I have a df in which every row is a question to which there are up to 7 answers (columns), including few NA's. I want to find the most frequently given answer per question and its percentage (and to return NA when there are ties).

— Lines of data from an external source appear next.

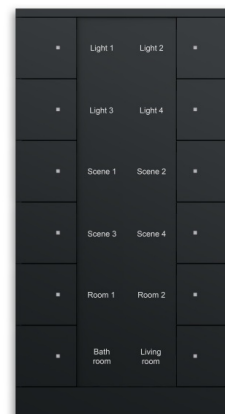

KNX tryckknappsensor

12 knappar, svart matt, Tenton sensor

Typ: SB/U12.0.1-885

E-nr: 1740070

Produkt ID: 2CKA006330A0079

GTIN: 4011395299142

IP20

Fritt konfigurerbara multifunktions kontrollelement. Med integrerad KNX-buss kopplare. Med märknings fält. Stöd för KNX-funktioner genom innovativt färg koncept (gult = belysning, blått = blind, orange = RTC, magenta = scen och vit = neutral/ingen funktion tilldelad) eller standardbelysning röd/grön.

| | |
|-------------------------------------------|------------|
| Antal manöverpunkter: | 12 |
| Antal knappar: | 12 |
| Med LED-indikering: | Ja |
| Med tryckbar etikett: | Ja |
| Med display: | Nej |
| Material: | Plast |
| Materialkvalitet: | Termoplast |
| Ytskydd: | Lackerad |
| Typ av yta: | Matt |
| Färg: | Svart |
| RAL-nummer (liknande): | 9005 |
| Med rumstermostat: | Nej |
| Med infraröd sensor: | Nej |
| Kapslingsklass (IP): | IP20 |
| Minsta djup på infälld installationsdosa: | 30.7 mm |
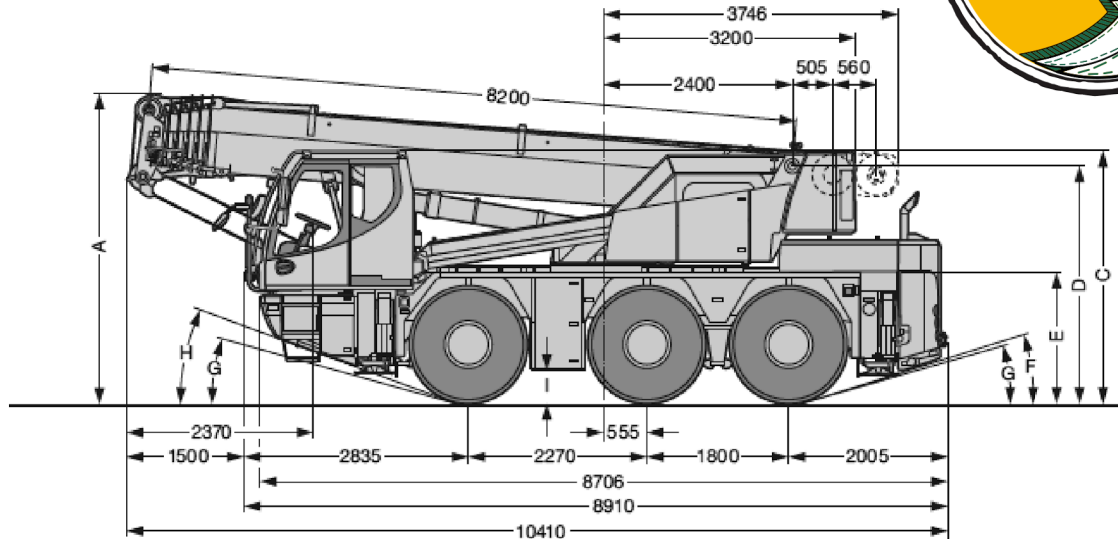

LIEBHERR LTC 1045-3.1

KOMPAKTKRAN

48,00m
HUBHÖHE

KURZÜBERSICHT

48,00 m MAX. HUBHÖHE
MAX. TRAGLAST: 45.000 kg

TECHNISCHE DATEN

ANTRIEBSART	DIESEL
MAX. TRAGLAST	45.000 kg
BEI AUSLADUNG	3,00 m
DOPPELKLAPPSPITZE	16 m
MONTAGESPITZE	1,4 m
MAX. ROLLENSPITZHÖHE	54 m
MAX. AUSLADUNG	40 m / 0,8t
GESAMTBALLAST	6,50 t
TRANSPORTABMESSUNGEN (L x B x H)	10,41 m x 2,54 m x 3,88 m
EIGENGEWICHT	36.000 kg

Gräber

Arbeitsbühnen · Stapler · Krane

WWW.GRAEBER.RENTALS

SEITE 1/4

LIEBHERR LTC 1045-3.1

KOMPAKTKRAN

	Maße · Dimensions · Encombrement · Dimensioni · Dimensiones · Размеры mm									
	A	A 100 mm*	B	C	D	E	F	G	H	I
385/95 R 25 (14.00 R 25)	3830	3730	2113	3110	2918	1570	15°	13°	18°	341
445/95 R 25 (16.00 R 25)	3880	3780	2101	3160	2968	1620	17°	15°	20°	391

* abgelenkt · lowered · abaissé · abbassato · suspension abajo · шасси осажено

	Maße · Dimensions · Encombrement · Dimensioni · Dimensiones · Размеры mm							
	H				H			
	U	V	Y	Z	N	O	R	S
385/95 R 25 (14.00 R 25)	4350	7430	9500	10025	2310	5080	7370	7820
445/95 R 25 (16.00 R 25)	5220	8210	10130	10640	2840	5560	7670	8150

Ultimately, I wish to find questions where there is a consensus of >70% in the answers and the respective answer.
My data looks like this:
dat <- data.frame(rbind(A=c("Dog", "Dog", "Cat", "Dog","Dog", "Dog", "Cat"),
B=c("Dog", "Cat", "Cat", "Cat", "Cat", "Cat", "Cat"),
C=c("Cat", "Fox", "Fox", "Fish", "Dog", "Mouse", "Rat"),
D=c("Mouse", "Mouse", "Mouse", "Mouse", "Mouse", "Mouse", "Mouse"),
E=c("Pigeon", "Pigeon", "Seagull", "Pigeon", "Seagull", "Seagull", "Pigeon"),
G=c("Fox", "Fox", "Fox", NA, "Dog", "Dog", "Dog")))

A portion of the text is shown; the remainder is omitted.